Records excerpted from a collection:

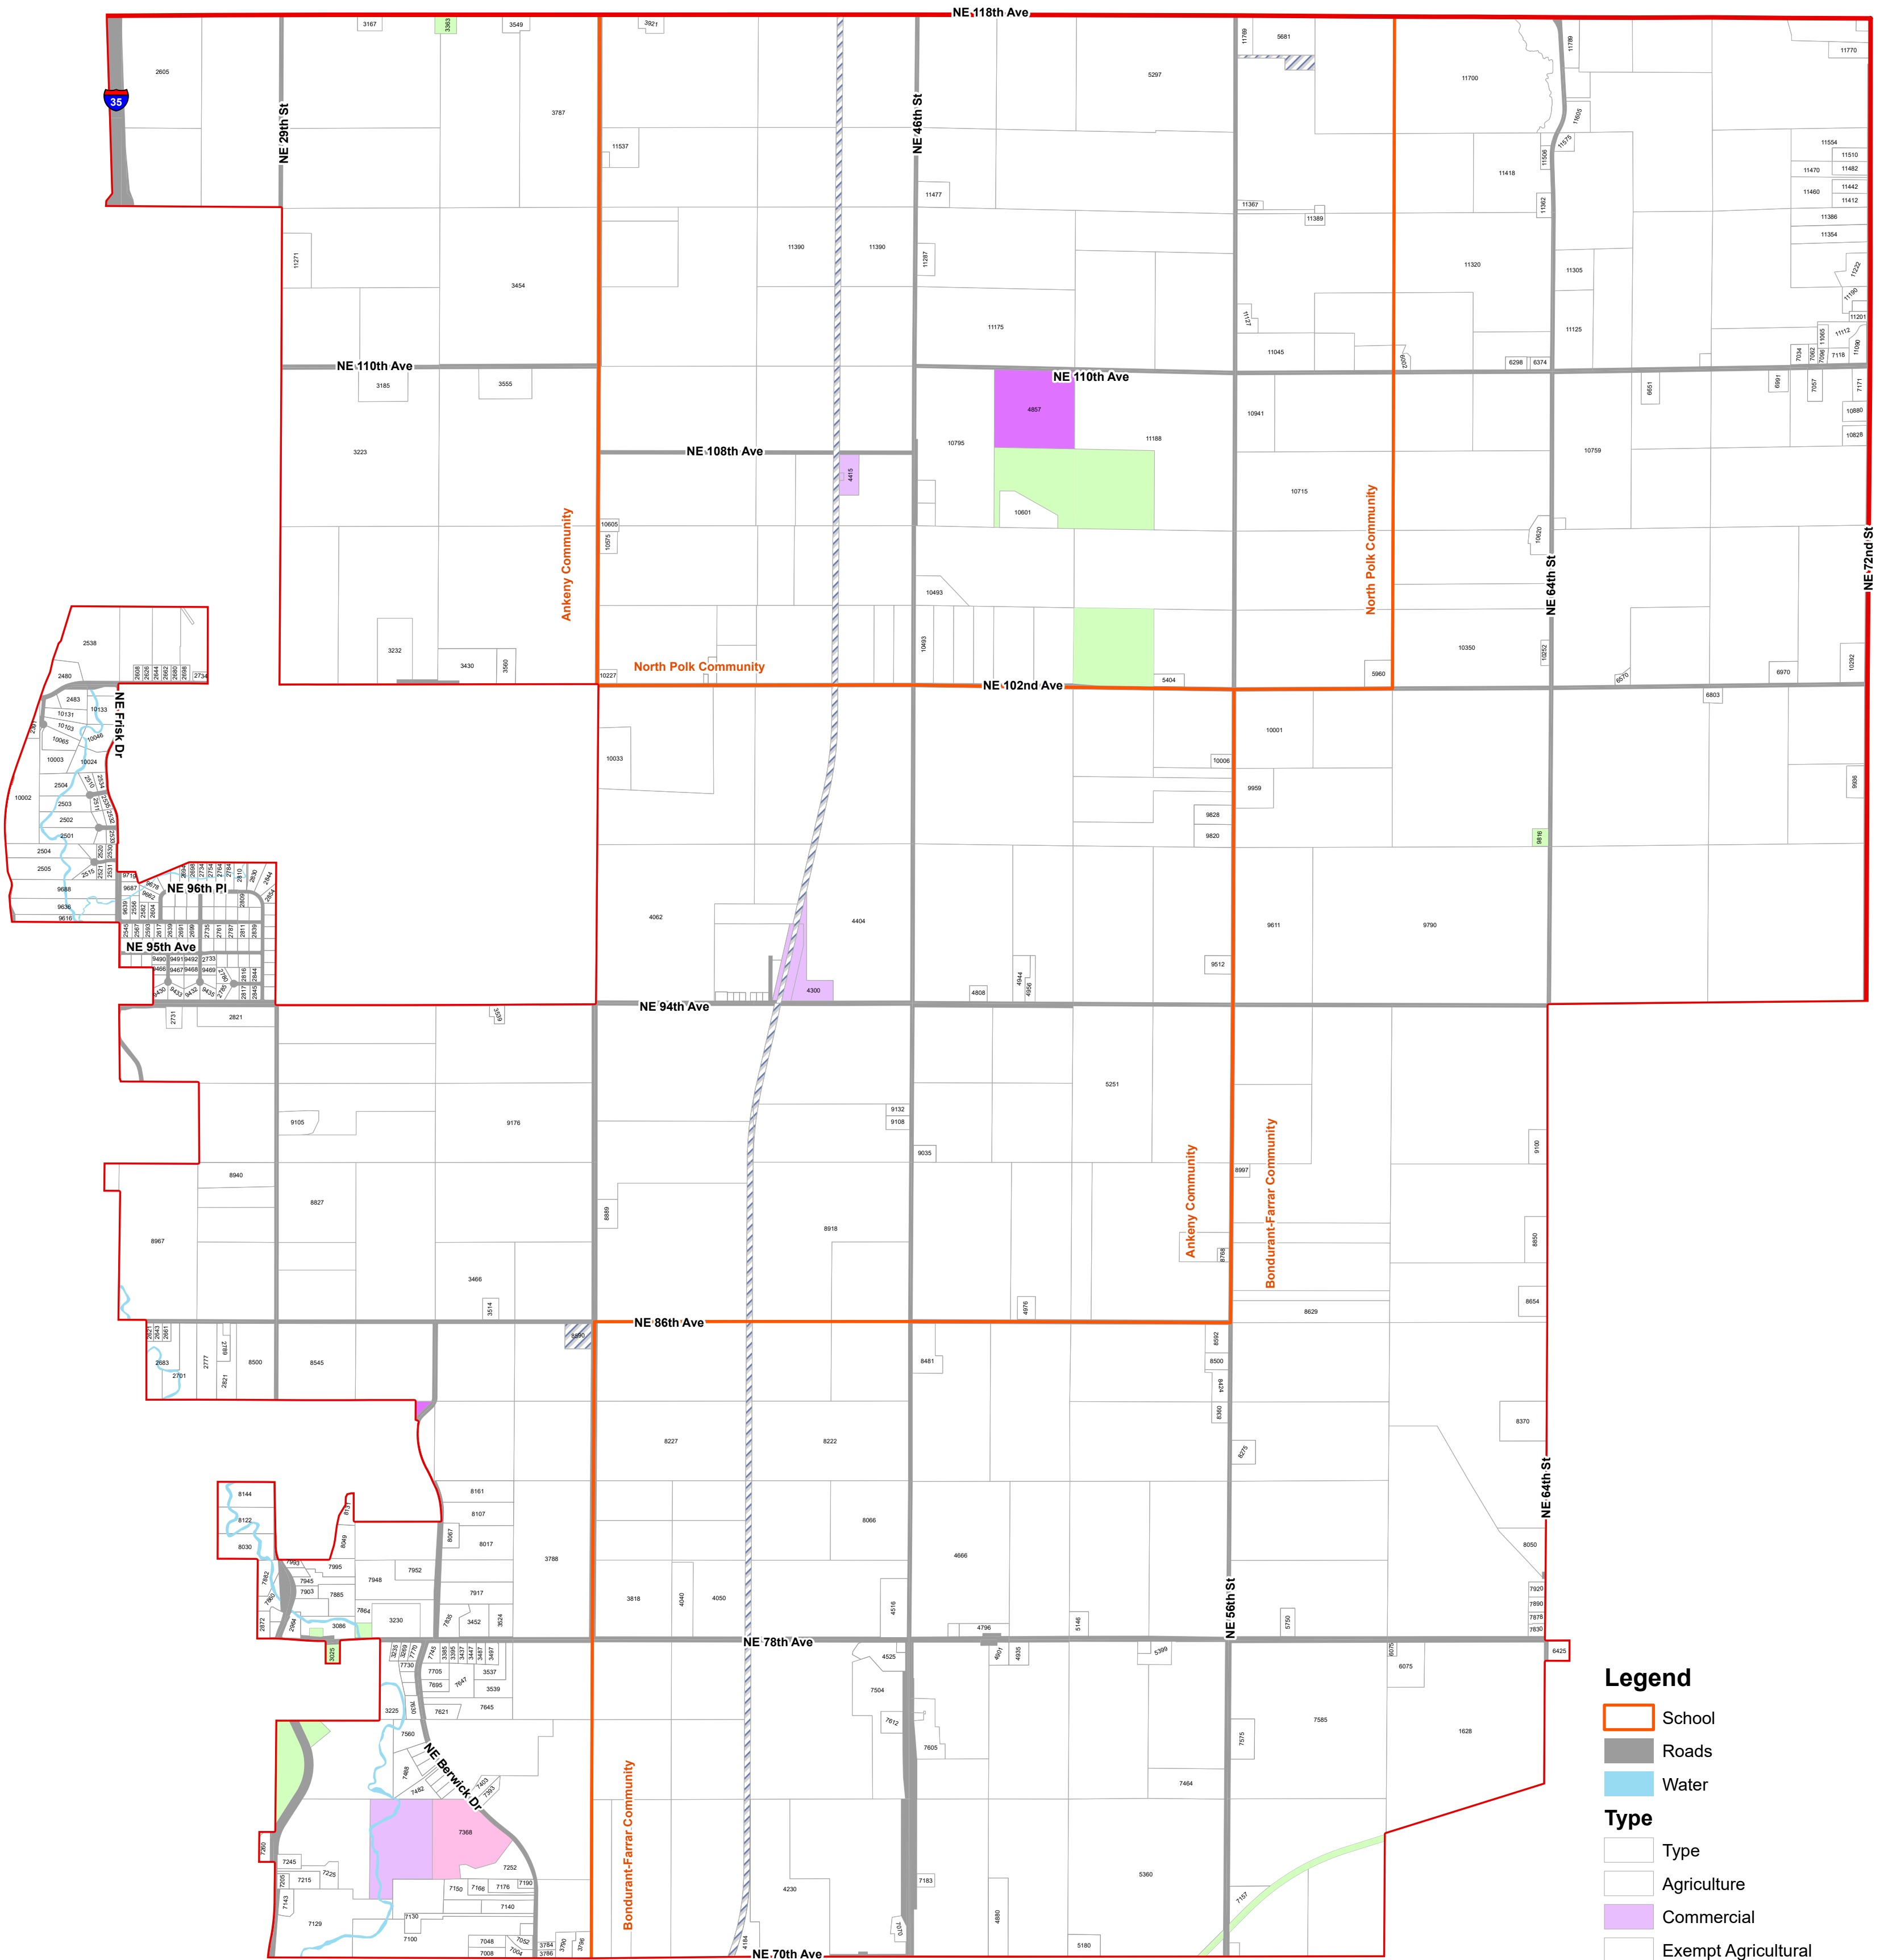

Douglas Precinct 1

Douglas-1
 US Congress: 3
 Iowa State Senate: 23
 Iowa House of Representative: 45
 County Supervisor: 2
 School District (1): North Polk Community
 School District (2): Ankeny Community
 School District (3): Bondurant-Farrar Community
 Township: Douglas
 Community College Director: 6

- Legend**
- School
 - Roads
 - Water
- Type**
- Type
 - Agriculture
 - Commercial
 - Exempt Agricultural
 - Exempt Commercial
 - Government
 - Multi-Residential
 - Residential
 - Utility Reference

This precinct is valid from 2022 through 2031. This PDF will not be updated.
 This map has been created as described in precinct legal description ordinances.
 Precinct level maps have not been printed and therefore are not available for purchase.
 Individuals may reproduce this map at their own expense without restrictions.
 Digital source files are not available from the Election Office.

Date of publication: February 2022

0

1.5

3
Miles
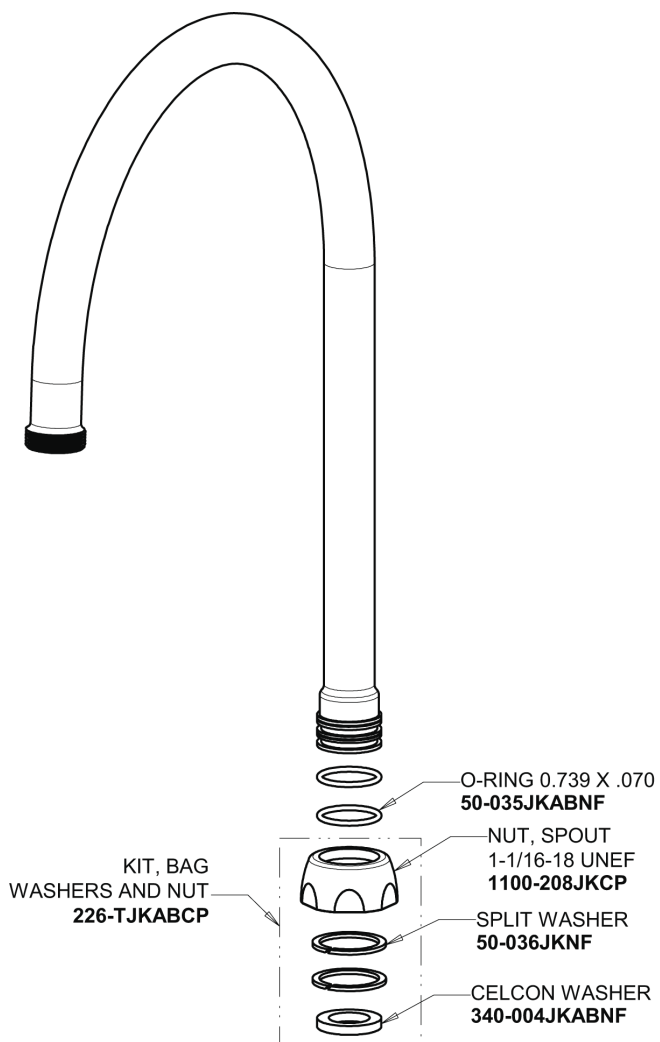

# Repair Parts

200-AGN8AE35-317AB

Concealed Hot and Cold Water Sink Faucet with Side Spray

**CHICAGO  
FAUCETS**

a Geberit company

## Base Parts:

## 8" Rigid / Swing Gooseneck Spout GN8AJKABCP
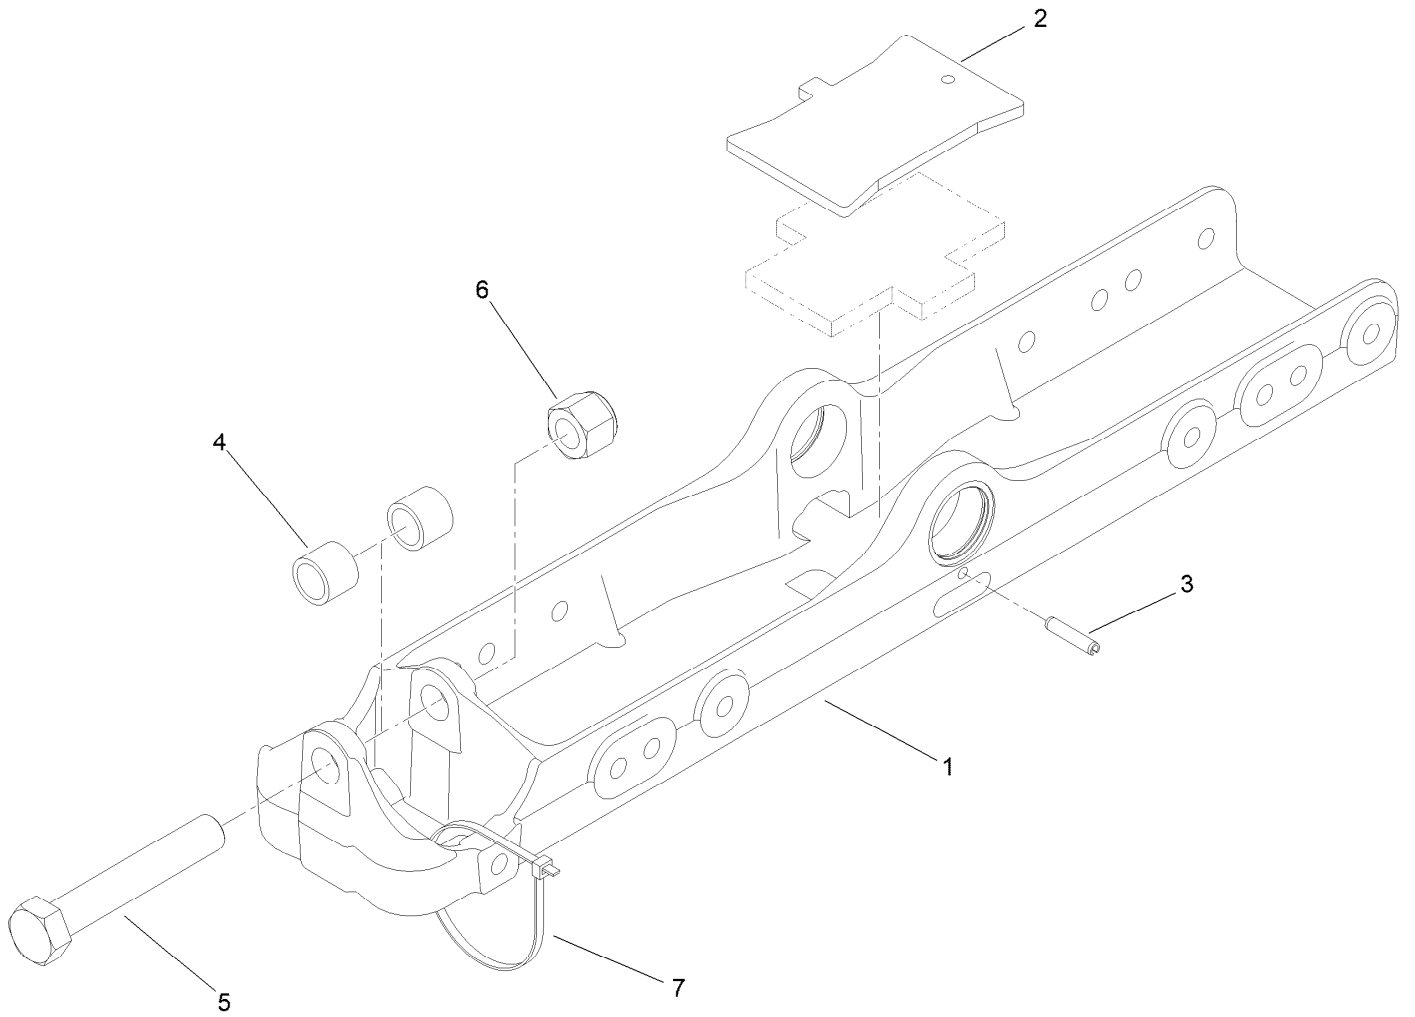

Count on it.

Parts Catalog

Wing Mount Kit

Groundsmaster® 4000 Series Rotary Mower

Model No. 137-5580

Wing Mount Kit Assembly No. 137-5580

<i>Ref.</i>	<i>Part Number</i>	<i>Qty.</i>	<i>Description</i>
1	136-0033-03	1	Mount-Deck
2	136-0041-03	1	Plate
3	32121-69	1	Pin-Spring
4	136-0077	2	Spacer
5	328-8	1	Screw-HH
6	3296-51	1	Nut-Lock, NI
7	3290-379	1	Tie-Cable

__WORK REQUEST__:
Retype exactly the lines of the data above that fall between the line with "- Multi-Residential" and the line with "This map has", inclusive, and add nothing.

__YOUR RESPONSE__:
 - Multi-Residential
 - Residential
 - Utility Reference

This precinct is valid from 2022 through 2031. This PDF will not be updated.
 This map has been created as described in precinct legal description ordinances.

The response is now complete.